=== Collection entries ===
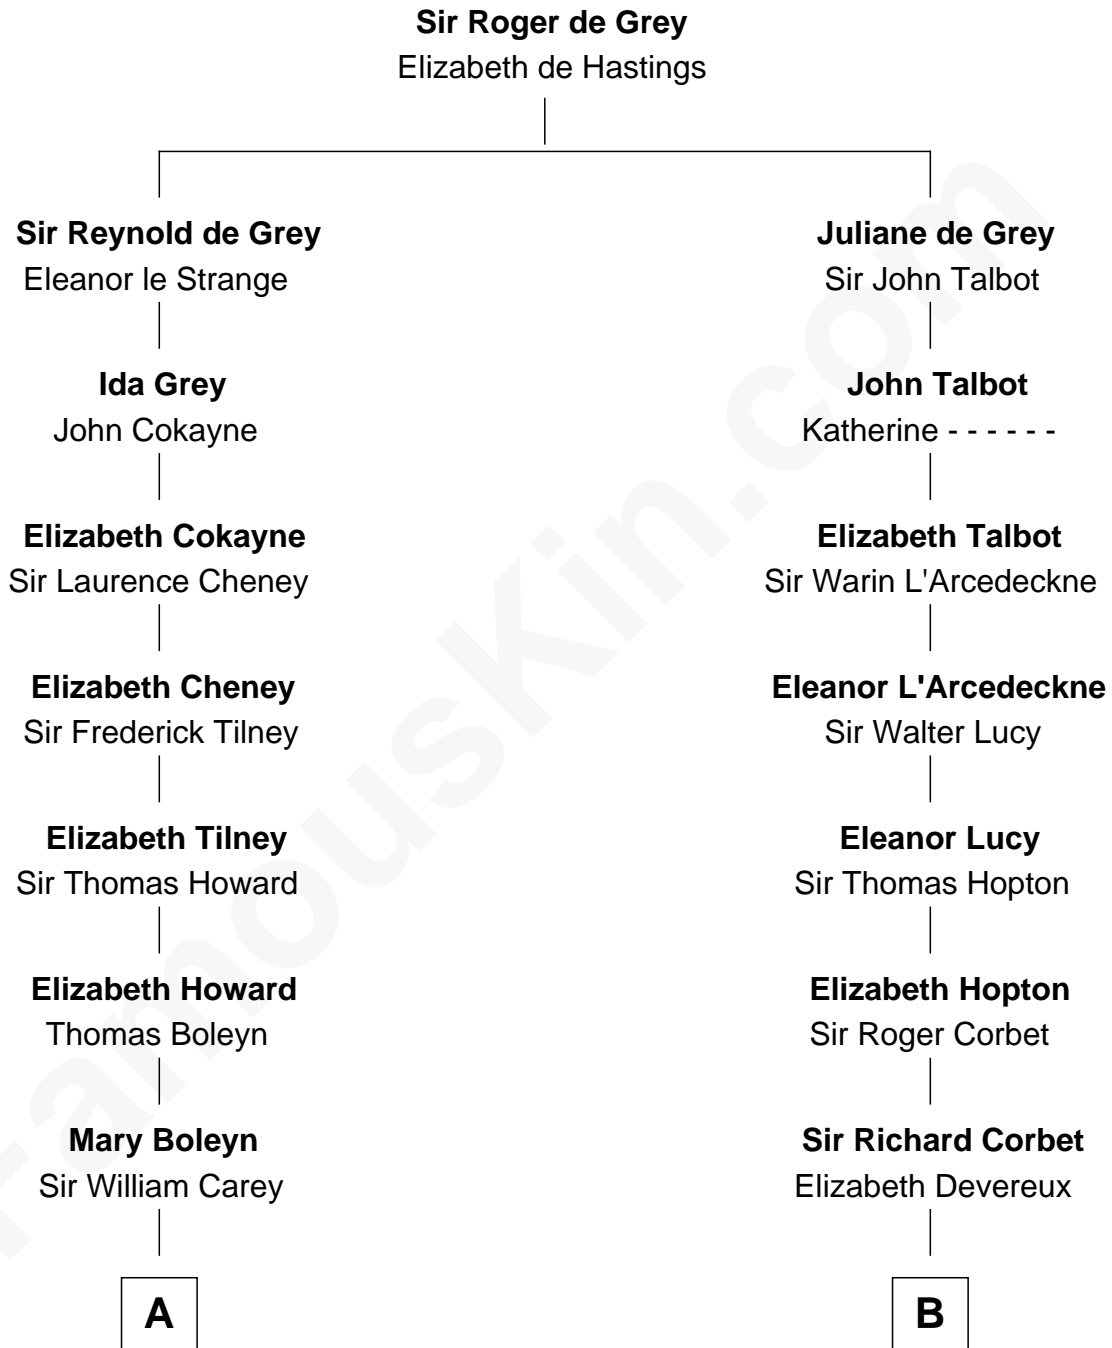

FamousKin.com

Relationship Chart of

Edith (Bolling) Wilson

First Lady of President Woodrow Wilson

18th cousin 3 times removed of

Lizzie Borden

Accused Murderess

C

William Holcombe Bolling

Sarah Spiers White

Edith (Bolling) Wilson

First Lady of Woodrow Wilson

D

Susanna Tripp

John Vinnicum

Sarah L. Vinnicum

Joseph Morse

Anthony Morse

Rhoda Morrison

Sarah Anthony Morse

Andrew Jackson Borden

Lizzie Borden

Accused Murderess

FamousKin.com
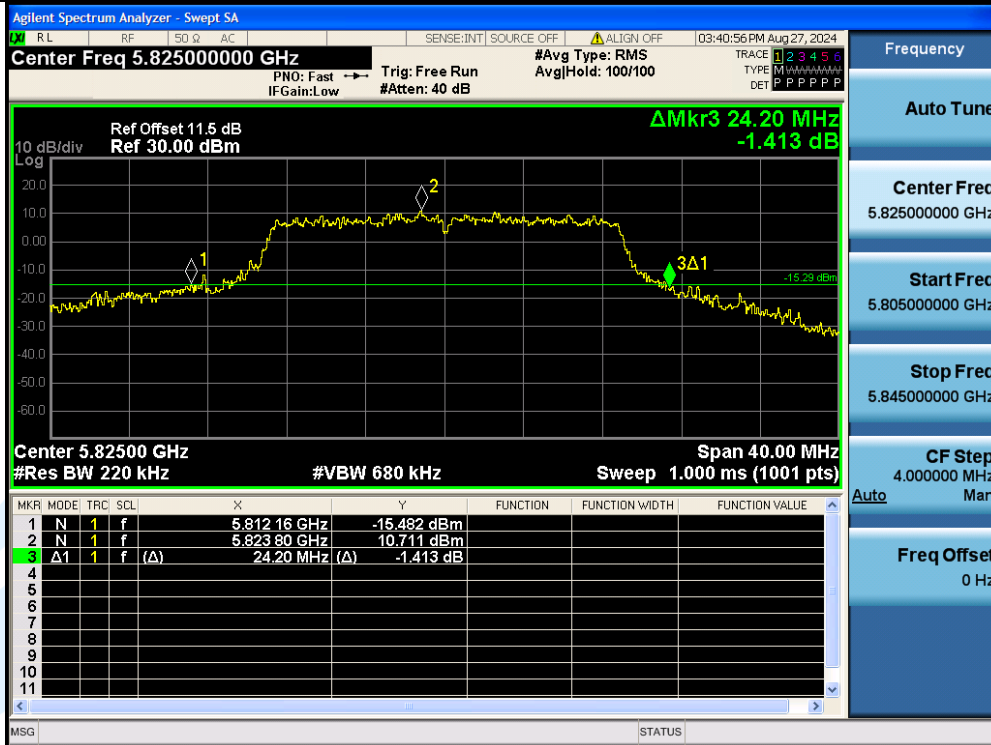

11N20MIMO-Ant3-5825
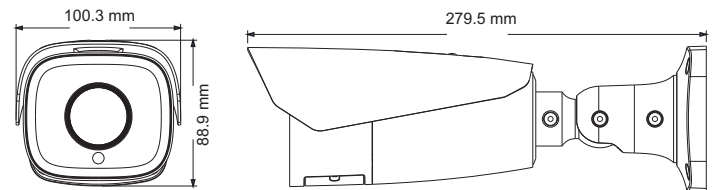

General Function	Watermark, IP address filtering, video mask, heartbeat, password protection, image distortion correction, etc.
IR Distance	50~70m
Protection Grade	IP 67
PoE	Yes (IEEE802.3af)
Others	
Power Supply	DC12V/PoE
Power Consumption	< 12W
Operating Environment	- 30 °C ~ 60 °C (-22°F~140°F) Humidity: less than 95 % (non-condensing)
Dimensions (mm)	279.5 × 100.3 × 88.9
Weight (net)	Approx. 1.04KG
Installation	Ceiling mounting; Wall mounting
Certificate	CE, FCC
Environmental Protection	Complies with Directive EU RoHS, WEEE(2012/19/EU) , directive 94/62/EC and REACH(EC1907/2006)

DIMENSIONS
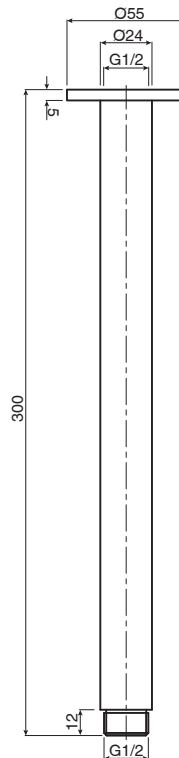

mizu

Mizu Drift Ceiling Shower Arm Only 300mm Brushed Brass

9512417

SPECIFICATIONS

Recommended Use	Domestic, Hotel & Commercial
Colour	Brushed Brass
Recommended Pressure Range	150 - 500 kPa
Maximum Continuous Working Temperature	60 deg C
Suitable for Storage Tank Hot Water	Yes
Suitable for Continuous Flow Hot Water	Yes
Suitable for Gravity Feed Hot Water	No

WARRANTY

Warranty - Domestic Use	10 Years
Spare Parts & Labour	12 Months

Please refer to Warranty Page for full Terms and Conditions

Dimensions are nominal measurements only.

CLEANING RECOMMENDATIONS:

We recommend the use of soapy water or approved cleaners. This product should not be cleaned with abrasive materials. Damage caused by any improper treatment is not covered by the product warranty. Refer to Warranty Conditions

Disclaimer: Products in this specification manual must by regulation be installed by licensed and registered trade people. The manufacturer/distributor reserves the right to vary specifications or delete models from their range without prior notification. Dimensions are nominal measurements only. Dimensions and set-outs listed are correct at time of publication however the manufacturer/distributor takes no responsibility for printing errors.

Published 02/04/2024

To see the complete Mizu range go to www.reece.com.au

=== Aim of the exercise ===
Make an exact copy of all entries above, dropping the images.

=== Your response ===
FamousKin.com

Relationship Chart of

Edith (Bolling) Wilson

First Lady of President Woodrow Wilson

18th cousin 3 times removed of

Lizzie Borden

Accused Murderess

C

William Holcombe Bolling

Sarah Spiers White

Edith (Bolling) Wilson

First Lady of Woodrow Wilson

D

Susanna Tripp

John Vinnicum

Sarah L. Vinnicum

Joseph Morse

Anthony Morse

Rhoda Morrison

Sarah Anthony Morse

Andrew Jackson Borden

Lizzie Borden

Accused Murderess

FamousKin.com

11N20MIMO-Ant3-5825

General Function	Watermark, IP address filtering, video mask, heartbeat, password protection, image distortion correction, etc.
IR Distance	50~70m
Protection Grade	IP 67
PoE	Yes (IEEE802.3af)
Others	
Power Supply	DC12V/PoE
Power Consumption	< 12W
Operating Environment	- 30 °C ~ 60 °C (-22°F~140°F) Humidity: less than 95 % (non-condensing)
Dimensions (mm)	279.5 × 100.3 × 88.9
Weight (net)	Approx. 1.04KG
Installation	Ceiling mounting; Wall mounting
Certificate	CE, FCC
Environmental Protection	Complies with Directive EU RoHS, WEEE(2012/19/EU) , directive 94/62/EC and REACH(EC1907/2006)

DIMENSIONS

mizu

Mizu Drift Ceiling Shower Arm Only 300mm Brushed Brass

9512417

SPECIFICATIONS

Recommended Use	Domestic, Hotel & Commercial
Colour	Brushed Brass
Recommended Pressure Range	150 - 500 kPa
Maximum Continuous Working Temperature	60 deg C
Suitable for Storage Tank Hot Water	Yes
Suitable for Continuous Flow Hot Water	Yes
Suitable for Gravity Feed Hot Water	No

WARRANTY

Warranty - Domestic Use	10 Years
Spare Parts & Labour	12 Months

Please refer to Warranty Page for full Terms and Conditions

Dimensions are nominal measurements only.

CLEANING RECOMMENDATIONS:

We recommend the use of soapy water or approved cleaners. This product should not be cleaned with abrasive materials. Damage caused by any improper treatment is not covered by the product warranty. Refer to Warranty Conditions

Disclaimer: Products in this specification manual must by regulation be installed by licensed and registered trade people. The manufacturer/distributor reserves the right to vary specifications or delete models from their range without prior notification. Dimensions are nominal measurements only. Dimensions and set-outs listed are correct at time of publication however the manufacturer/distributor takes no responsibility for printing errors.

Published 02/04/2024

To see the complete Mizu range go to www.reece.com.au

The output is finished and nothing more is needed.